What you will do
Note each line in the data below that holds "PAGE", and copy it.
*** Data under study ***
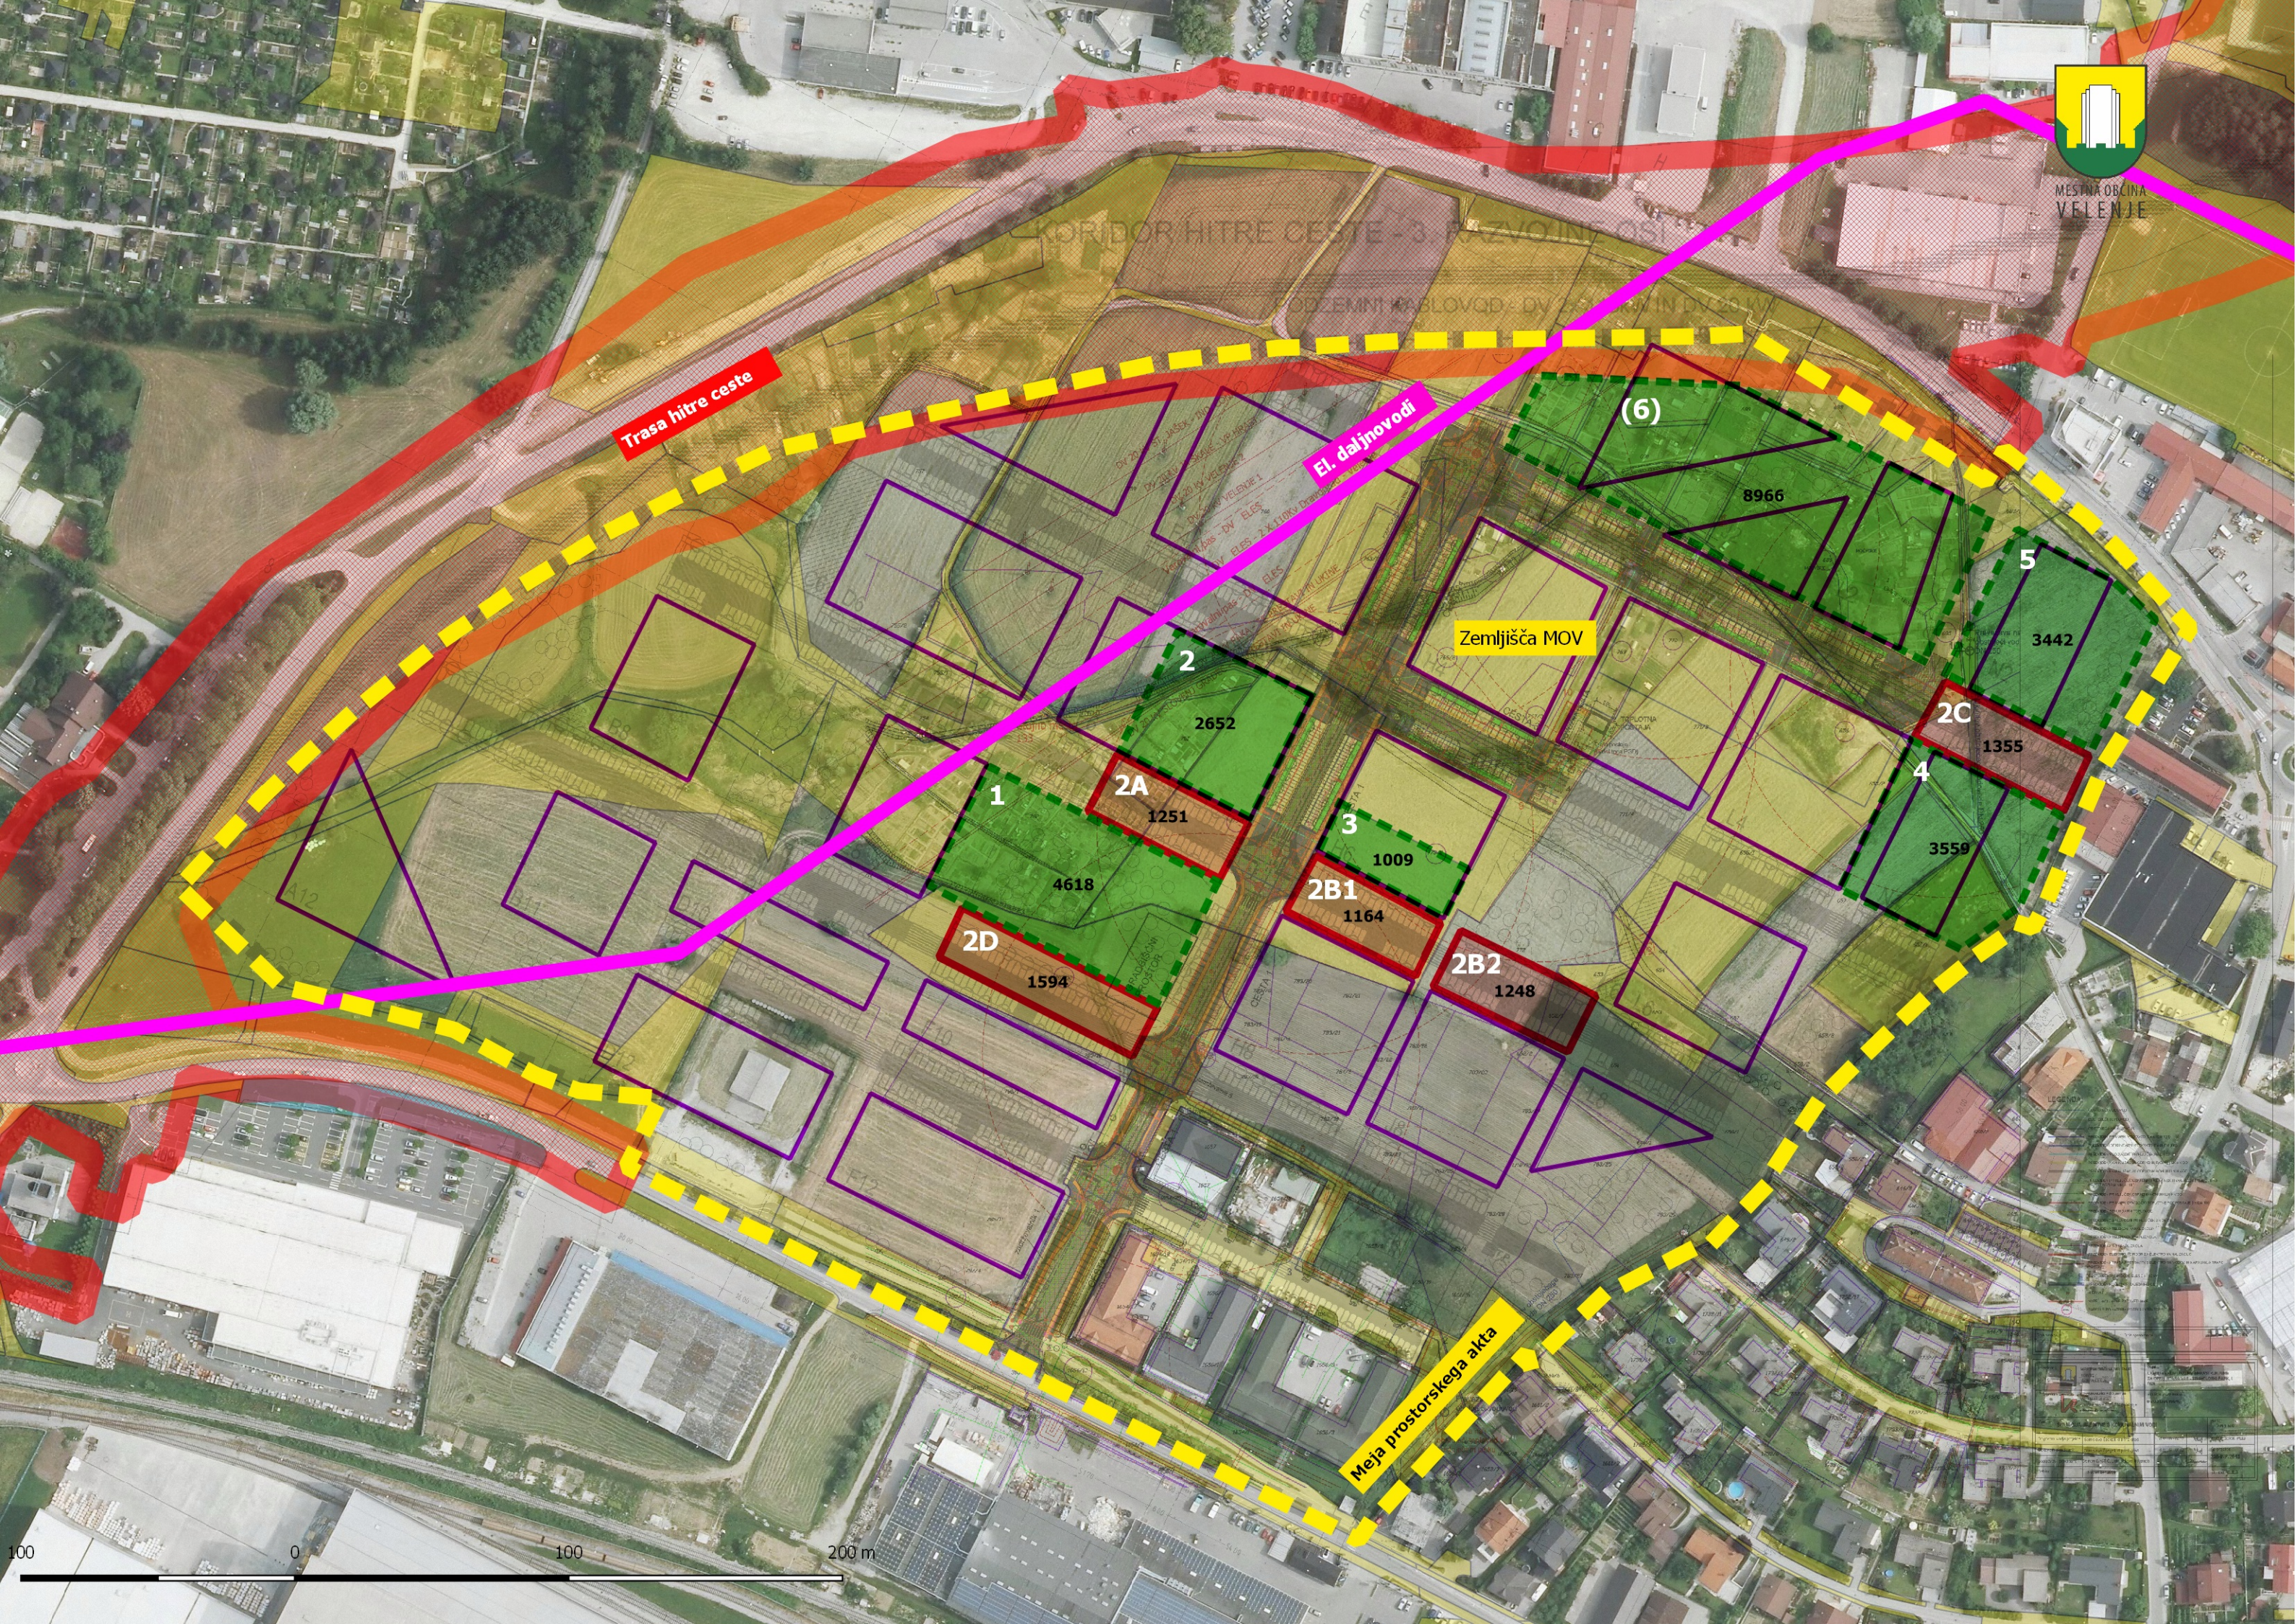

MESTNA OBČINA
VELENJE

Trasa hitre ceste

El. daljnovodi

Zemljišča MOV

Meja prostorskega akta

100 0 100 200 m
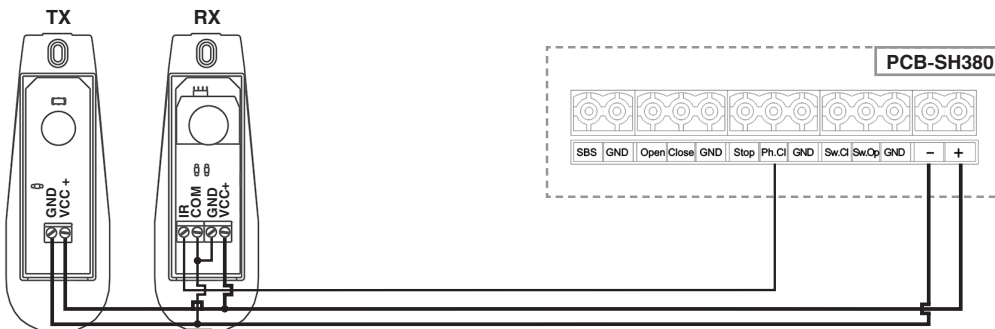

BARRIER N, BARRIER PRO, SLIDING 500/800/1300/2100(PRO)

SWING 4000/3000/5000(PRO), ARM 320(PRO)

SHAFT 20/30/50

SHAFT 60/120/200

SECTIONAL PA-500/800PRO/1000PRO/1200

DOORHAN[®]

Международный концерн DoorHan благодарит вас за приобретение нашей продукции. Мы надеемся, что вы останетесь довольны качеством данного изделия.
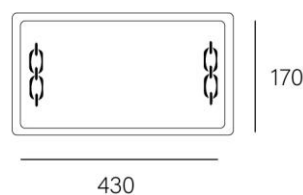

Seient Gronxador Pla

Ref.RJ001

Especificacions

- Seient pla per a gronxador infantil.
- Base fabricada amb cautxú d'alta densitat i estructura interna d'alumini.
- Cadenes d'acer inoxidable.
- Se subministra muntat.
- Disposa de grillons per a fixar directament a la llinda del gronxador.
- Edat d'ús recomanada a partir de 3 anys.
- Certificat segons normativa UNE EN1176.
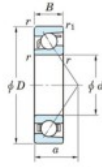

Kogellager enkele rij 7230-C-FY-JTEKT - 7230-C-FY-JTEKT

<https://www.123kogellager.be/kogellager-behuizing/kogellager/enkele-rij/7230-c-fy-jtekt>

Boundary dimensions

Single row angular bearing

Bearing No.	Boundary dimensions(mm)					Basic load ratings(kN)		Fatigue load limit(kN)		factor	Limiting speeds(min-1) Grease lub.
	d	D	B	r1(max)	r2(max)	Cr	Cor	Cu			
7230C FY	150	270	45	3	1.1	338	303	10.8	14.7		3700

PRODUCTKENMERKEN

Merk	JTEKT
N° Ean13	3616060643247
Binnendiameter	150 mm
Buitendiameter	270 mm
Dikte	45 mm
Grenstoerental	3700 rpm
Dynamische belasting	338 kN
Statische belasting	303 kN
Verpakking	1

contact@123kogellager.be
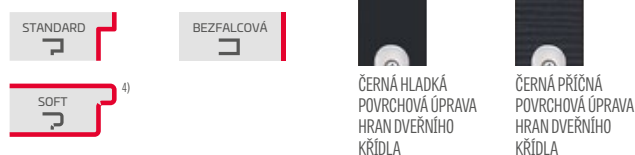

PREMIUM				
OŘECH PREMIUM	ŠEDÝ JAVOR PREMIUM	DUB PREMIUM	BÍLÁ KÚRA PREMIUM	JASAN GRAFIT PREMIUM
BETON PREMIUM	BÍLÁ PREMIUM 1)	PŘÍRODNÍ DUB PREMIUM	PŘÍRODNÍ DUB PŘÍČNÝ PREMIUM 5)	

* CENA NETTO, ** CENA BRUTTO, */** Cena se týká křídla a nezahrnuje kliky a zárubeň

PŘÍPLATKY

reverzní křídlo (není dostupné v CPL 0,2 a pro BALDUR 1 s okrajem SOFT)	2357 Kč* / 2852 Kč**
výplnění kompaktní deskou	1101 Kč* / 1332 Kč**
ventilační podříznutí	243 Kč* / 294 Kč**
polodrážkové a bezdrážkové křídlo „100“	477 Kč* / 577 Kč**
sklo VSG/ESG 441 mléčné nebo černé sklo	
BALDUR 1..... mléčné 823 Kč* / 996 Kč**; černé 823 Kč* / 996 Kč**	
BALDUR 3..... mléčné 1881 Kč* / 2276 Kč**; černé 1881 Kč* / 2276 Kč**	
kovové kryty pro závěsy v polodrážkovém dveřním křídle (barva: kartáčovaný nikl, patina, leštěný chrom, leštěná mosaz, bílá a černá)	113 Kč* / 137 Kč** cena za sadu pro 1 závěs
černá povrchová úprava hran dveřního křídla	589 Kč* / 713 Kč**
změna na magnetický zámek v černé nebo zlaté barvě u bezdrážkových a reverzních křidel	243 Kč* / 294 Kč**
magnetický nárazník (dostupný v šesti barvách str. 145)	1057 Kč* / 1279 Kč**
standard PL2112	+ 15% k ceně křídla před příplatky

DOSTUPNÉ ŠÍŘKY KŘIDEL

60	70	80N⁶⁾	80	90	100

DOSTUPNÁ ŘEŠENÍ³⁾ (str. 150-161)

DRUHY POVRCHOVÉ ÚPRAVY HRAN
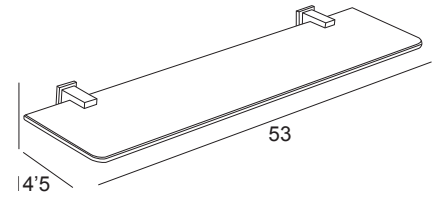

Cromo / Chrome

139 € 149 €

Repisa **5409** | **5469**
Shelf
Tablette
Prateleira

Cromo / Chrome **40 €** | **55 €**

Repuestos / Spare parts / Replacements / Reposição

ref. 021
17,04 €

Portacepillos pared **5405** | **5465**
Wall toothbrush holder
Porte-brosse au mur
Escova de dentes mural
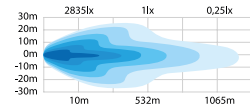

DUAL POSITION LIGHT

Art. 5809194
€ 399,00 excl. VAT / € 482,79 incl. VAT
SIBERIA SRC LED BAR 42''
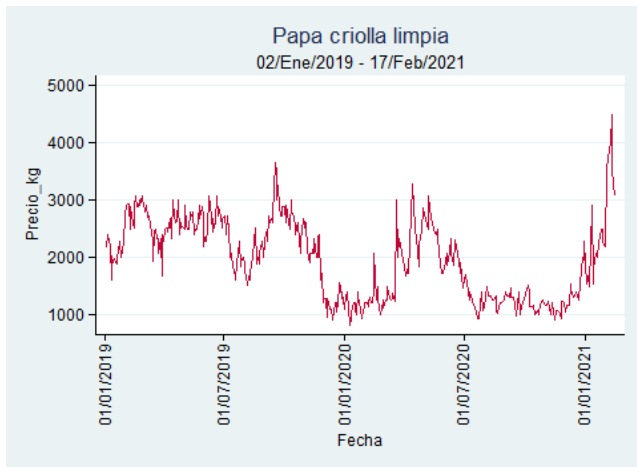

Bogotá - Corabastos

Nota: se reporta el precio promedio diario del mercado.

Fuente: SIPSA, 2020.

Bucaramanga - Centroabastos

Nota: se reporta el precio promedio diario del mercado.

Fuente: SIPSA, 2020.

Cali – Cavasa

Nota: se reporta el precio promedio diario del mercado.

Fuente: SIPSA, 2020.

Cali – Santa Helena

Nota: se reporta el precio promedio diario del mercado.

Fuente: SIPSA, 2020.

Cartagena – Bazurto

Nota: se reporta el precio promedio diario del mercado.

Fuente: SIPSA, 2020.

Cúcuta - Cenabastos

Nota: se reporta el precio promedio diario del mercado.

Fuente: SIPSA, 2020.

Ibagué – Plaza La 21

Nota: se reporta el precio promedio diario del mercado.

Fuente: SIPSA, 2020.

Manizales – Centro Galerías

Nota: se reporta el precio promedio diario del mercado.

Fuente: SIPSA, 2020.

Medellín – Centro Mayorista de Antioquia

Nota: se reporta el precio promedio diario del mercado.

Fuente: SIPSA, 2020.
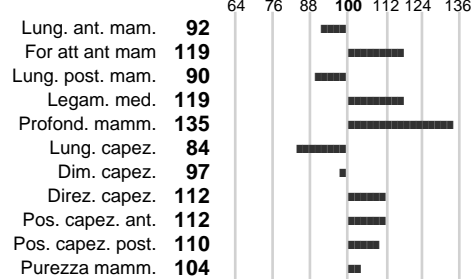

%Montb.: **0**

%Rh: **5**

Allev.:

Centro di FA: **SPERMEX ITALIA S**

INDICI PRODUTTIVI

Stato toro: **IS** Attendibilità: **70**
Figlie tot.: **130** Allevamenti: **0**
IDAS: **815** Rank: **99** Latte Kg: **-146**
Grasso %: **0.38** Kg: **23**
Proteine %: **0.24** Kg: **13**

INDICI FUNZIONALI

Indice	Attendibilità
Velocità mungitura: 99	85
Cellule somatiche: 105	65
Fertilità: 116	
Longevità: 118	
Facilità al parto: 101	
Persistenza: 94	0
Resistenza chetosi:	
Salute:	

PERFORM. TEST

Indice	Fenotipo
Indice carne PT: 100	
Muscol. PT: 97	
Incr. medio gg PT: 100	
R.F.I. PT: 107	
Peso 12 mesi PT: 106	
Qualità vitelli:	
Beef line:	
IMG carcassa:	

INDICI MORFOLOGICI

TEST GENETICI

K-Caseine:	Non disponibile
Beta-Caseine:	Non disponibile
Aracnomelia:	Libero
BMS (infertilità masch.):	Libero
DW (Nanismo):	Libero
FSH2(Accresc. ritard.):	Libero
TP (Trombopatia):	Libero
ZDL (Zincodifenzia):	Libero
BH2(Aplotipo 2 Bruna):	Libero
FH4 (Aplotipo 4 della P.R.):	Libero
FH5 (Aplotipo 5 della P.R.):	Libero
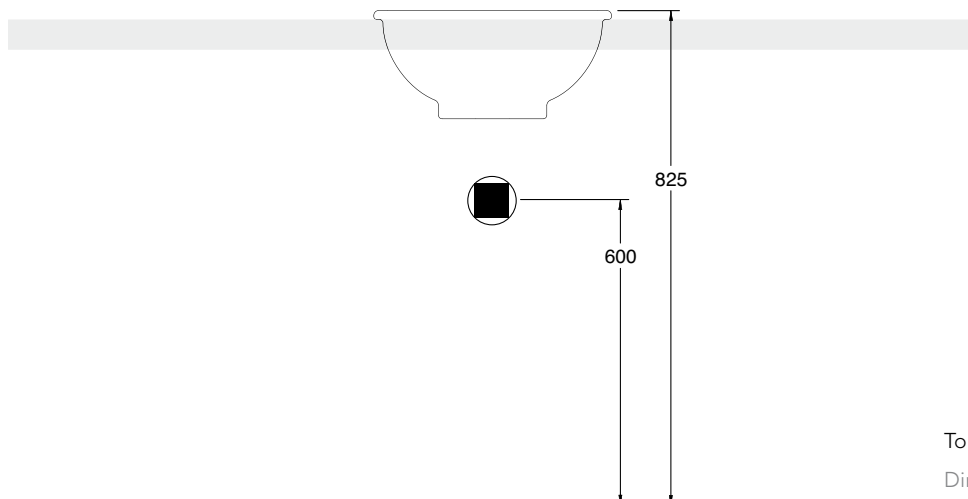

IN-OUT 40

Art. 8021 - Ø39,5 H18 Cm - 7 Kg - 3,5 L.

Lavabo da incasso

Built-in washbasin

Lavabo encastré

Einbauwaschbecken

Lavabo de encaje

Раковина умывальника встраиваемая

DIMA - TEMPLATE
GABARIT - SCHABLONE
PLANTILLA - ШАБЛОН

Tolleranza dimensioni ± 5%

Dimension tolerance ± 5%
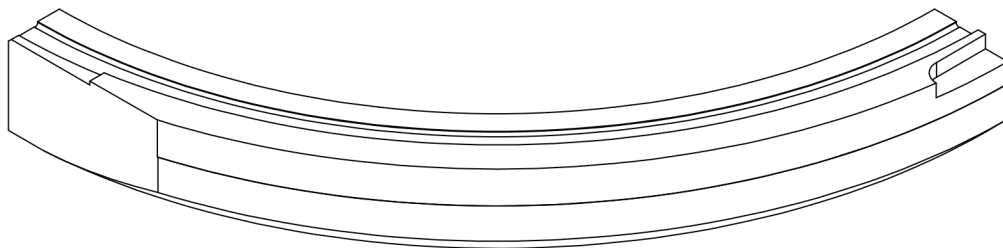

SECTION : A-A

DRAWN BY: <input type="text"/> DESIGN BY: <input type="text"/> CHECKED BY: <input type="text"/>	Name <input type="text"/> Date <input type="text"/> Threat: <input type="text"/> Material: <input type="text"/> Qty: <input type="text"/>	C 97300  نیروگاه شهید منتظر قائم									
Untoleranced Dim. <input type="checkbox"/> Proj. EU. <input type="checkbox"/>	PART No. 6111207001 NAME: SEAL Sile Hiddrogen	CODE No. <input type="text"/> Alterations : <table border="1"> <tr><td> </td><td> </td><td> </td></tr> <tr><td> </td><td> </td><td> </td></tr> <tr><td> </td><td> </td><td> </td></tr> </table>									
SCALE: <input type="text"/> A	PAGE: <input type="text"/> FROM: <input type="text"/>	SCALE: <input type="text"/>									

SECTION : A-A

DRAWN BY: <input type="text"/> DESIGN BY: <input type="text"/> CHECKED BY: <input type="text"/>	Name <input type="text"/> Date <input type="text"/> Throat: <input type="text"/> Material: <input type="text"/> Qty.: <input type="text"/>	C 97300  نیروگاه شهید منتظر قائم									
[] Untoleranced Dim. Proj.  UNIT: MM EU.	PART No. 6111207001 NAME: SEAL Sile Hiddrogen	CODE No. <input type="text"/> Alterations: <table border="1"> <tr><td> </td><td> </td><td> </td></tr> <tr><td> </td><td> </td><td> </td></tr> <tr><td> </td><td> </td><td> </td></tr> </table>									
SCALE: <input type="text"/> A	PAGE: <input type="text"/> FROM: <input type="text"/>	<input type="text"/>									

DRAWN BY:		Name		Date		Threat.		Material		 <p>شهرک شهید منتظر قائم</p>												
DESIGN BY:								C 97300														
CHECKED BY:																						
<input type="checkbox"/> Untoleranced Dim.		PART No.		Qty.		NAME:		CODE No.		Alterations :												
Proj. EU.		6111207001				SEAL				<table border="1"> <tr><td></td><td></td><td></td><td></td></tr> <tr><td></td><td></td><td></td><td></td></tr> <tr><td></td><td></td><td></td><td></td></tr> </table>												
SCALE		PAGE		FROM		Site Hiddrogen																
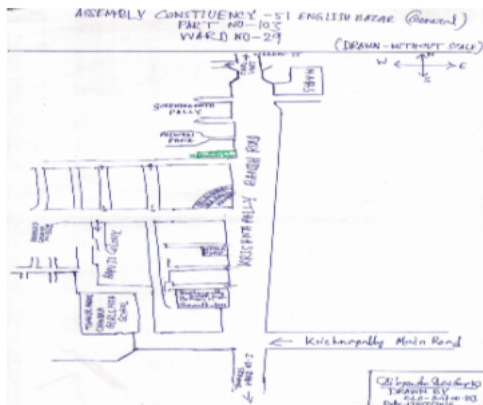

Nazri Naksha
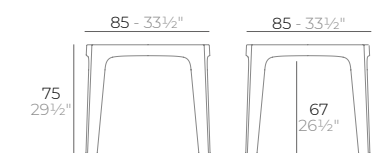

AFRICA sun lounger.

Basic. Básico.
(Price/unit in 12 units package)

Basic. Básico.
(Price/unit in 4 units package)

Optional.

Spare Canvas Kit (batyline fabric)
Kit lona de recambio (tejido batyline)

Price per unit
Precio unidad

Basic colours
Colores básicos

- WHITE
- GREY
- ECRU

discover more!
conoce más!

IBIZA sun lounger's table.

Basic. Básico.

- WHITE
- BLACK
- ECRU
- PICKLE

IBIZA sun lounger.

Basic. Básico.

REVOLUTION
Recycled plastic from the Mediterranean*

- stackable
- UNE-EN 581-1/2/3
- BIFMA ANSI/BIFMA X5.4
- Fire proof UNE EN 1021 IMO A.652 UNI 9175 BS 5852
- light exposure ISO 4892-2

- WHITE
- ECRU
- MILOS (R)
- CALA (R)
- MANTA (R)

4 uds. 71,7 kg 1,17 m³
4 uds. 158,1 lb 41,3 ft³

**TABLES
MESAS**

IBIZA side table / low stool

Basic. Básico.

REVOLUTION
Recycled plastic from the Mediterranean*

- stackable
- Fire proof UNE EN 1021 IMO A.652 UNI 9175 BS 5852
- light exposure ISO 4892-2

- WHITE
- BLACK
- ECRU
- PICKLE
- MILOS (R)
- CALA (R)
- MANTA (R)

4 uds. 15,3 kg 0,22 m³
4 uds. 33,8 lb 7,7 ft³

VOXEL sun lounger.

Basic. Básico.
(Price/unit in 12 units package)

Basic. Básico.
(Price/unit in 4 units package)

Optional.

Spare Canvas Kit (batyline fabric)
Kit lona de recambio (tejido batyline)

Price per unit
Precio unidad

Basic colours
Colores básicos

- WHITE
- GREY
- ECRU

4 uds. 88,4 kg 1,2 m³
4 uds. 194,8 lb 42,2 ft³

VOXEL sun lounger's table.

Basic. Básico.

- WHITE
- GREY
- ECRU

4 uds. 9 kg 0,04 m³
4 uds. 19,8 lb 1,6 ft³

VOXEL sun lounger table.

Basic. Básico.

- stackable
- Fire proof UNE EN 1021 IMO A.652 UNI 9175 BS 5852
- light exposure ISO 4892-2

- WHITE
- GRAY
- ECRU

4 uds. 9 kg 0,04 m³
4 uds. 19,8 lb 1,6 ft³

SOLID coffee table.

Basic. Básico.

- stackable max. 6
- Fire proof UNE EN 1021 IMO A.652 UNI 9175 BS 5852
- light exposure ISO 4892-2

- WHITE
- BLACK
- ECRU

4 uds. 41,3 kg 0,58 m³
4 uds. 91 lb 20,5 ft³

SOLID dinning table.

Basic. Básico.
*** End of Data under study ***
Response below
SCALE: <input type="text"/> A	PAGE: <input type="text"/> FROM: <input type="text"/>	SCALE: <input type="text"/>									
SCALE: <input type="text"/> A	PAGE: <input type="text"/> FROM: <input type="text"/>	<input type="text"/>									
SCALE		PAGE		FROM		Site Hiddrogen																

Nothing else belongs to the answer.